Russian Temporary Denial Orders are Being Renewed
October 6, 2022 Leave a comment
The Temporary Denial Orders for Aeroflot, Azur, and UTair are scheduled to be renewed in the Federal Register, tomorrow. This means that the heightened transaction prohibitions continue to apply to them.
As we previously reported, the United States Bureau of Industry and Security (BIS) has issued temporary denial orders (TDOs) against several Russian air carriers. These TDOs effectively prevent both exports to, and acquisitions from, these carriers. The original TDOs were scheduled to expire, but they are being renewed by the U.S. Government. The renewals extend the TDOs for another 180 days.
If the Iran-related TDOs are any guide, BIS will automatically extend each of these TDOs until the conflict that gave rise to the sanctions is over. This could mean that the TDOs stay in place until the conflict in Ukraine is over, but it could also mean that the TDOs stay in place until other conditions are met, like the return by Russia of effective sovereignty and control over territory previously identified as part of Ukraine. Or a new administration could simply decide not to renew them as a matter of policy.

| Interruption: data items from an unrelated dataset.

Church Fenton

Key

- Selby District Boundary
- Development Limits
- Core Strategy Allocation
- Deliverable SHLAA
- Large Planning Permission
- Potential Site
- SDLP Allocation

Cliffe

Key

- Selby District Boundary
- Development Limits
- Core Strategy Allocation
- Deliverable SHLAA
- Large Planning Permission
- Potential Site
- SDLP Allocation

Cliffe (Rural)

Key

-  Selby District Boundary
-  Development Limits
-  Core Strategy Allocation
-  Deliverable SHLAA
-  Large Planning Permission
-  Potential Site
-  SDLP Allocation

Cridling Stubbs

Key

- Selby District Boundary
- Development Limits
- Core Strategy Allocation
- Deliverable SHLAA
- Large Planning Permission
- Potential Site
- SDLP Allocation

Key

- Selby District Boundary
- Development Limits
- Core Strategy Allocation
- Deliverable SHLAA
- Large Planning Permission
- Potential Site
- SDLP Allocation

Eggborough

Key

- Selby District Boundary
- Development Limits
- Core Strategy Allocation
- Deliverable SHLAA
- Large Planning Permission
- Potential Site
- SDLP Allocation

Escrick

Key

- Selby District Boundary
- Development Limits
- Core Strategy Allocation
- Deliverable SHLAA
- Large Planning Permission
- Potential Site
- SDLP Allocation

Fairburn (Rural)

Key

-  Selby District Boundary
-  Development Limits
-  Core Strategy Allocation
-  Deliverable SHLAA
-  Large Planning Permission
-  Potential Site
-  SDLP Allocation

What do the denial orders say? They say that there is an enhanced area of exclusion for these named parties. They preclude applying for many licenses – a major exception to this is that you are allowed to apply for a license for an export that is directly related to safety-of-flight (so there is a licensing path for the aircraft parts industry). … But you still have to obtain the license before you can engage in the transaction.

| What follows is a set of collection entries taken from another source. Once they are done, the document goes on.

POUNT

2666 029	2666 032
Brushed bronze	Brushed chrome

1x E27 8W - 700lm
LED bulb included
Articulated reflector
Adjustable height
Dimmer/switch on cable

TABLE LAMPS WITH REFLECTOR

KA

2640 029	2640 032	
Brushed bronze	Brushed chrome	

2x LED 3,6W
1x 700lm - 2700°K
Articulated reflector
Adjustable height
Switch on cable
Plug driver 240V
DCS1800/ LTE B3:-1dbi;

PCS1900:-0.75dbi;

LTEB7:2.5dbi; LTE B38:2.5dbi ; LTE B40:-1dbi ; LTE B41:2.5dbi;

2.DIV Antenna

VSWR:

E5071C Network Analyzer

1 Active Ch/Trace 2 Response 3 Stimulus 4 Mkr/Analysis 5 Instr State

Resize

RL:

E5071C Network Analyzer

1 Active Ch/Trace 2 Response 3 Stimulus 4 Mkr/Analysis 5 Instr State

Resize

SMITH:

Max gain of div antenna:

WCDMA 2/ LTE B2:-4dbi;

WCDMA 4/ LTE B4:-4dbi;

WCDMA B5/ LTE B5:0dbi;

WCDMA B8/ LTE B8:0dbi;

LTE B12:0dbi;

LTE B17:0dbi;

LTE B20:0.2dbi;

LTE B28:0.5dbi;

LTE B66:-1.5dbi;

You are also precluded from taking “any action to acquire from or to facilitate the acquisition or attempted acquisition from <the denied party> of any item subject to the EAR that has been exported from the United States.” When you see this clause in the TDO, it prohibits purchases from the denied party – including purchases that would reflect imports! This is an important element that makes the temporary denial orders different from mere export limits. In order to fit this under an “export” order, the acquisition exclusions are tied to transactions that involved a past export (like Boeing equipment that was previously exported) or to transactions that anticipate a future export or re-export. Because of the global nature of the aviation market, this is effective in covering almost all transactions in part subject to the EAR.
The TDOs typically prevent servicing on behalf of any named <denied party>. This can include installation, maintenance, repair, modification, and/or testing.
If you are considering business that may be affected by a TDO, then read the TDO carefully and identify your compliance path. While there are exceptions for “safety-of-flight,” those exceptions typically require BIS to license the transaction.